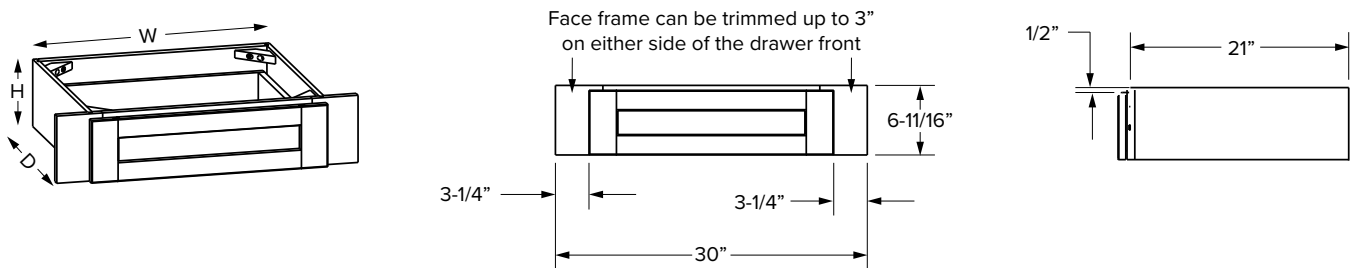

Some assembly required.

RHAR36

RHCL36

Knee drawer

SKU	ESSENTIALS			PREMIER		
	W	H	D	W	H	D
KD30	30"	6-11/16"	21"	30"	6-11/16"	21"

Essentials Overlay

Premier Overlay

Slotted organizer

==========

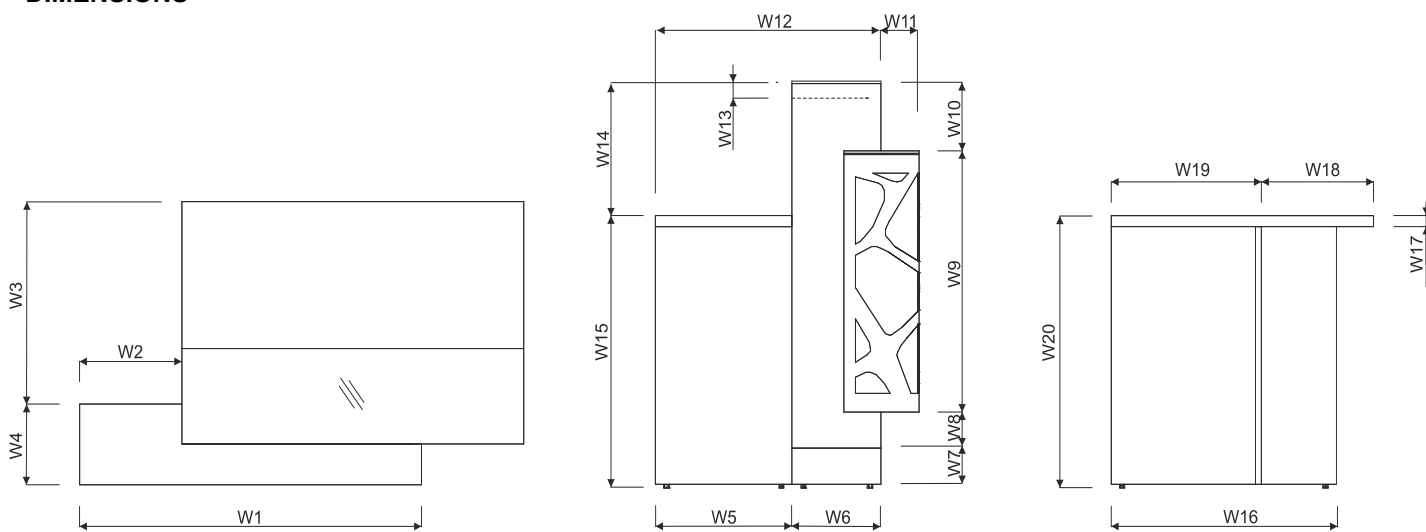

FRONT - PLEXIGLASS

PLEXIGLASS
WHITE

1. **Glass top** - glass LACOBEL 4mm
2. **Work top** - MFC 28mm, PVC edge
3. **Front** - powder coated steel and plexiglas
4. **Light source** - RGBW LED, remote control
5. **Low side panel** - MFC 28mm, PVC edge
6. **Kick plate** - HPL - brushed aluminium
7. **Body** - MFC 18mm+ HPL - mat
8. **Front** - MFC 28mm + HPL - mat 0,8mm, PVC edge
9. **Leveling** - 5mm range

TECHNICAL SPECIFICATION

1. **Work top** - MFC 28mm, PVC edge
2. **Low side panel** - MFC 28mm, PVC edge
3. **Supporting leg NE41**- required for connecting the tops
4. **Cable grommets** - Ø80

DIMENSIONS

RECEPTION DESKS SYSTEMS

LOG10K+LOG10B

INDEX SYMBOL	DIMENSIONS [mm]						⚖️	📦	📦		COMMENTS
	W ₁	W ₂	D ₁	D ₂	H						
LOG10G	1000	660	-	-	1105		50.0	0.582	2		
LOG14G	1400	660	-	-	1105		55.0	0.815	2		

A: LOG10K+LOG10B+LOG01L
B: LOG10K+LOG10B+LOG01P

==========

Look through the entries above, find each line containing "edge", and copy it.

**Task response**
2. **Work top** - MFC 28mm, PVC edge
5. **Low side panel** - MFC 28mm, PVC edge
8. **Front** - MFC 28mm + HPL - mat 0,8mm, PVC edge
1. **Work top** - MFC 28mm, PVC edge
2. **Low side panel** - MFC 28mm, PVC edge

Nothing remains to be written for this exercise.